Records for this task:

_ _ _ _ _

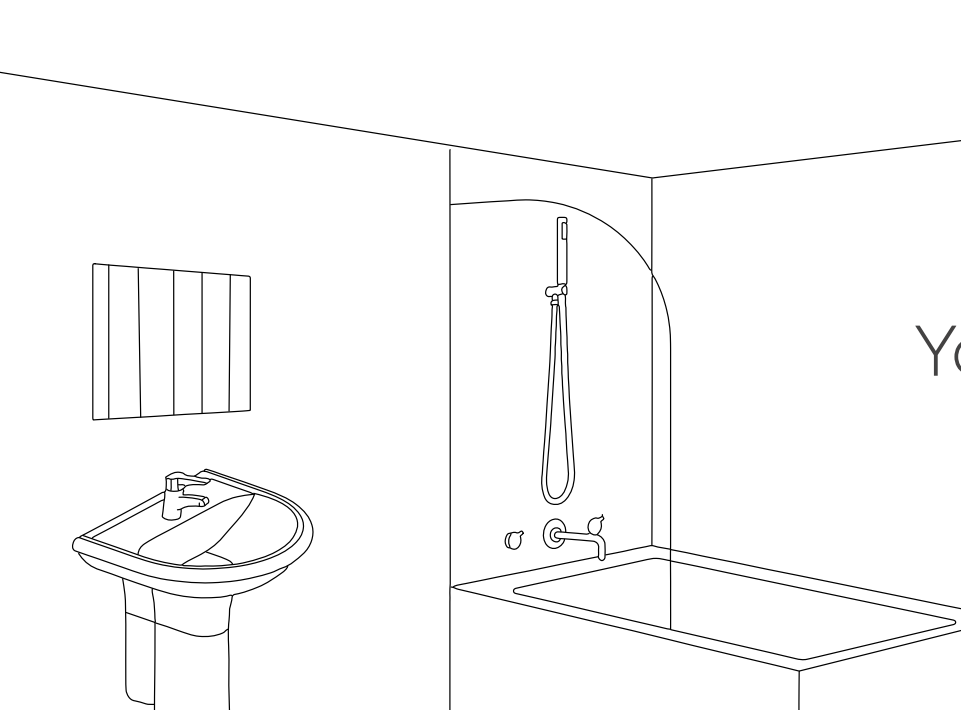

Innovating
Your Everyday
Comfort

_ _ _ _ _

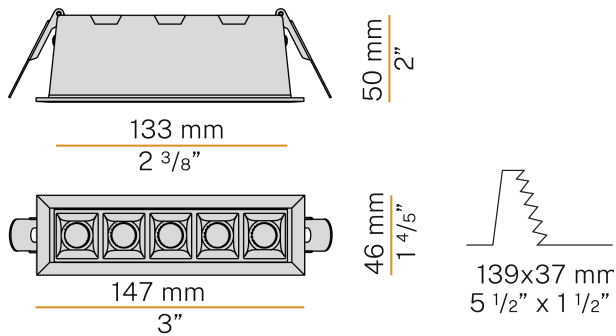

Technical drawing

_ _ _ _ _

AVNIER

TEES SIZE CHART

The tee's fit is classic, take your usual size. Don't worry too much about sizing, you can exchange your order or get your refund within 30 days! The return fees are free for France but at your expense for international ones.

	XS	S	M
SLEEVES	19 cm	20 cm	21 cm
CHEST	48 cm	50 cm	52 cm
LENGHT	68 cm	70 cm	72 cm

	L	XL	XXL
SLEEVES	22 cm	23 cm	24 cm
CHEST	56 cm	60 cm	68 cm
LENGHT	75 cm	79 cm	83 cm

_ _ _ _ _

The task: How many of the lines in the data above carry the word "LENGHT"? Say the number and nothing else.

Output below: 2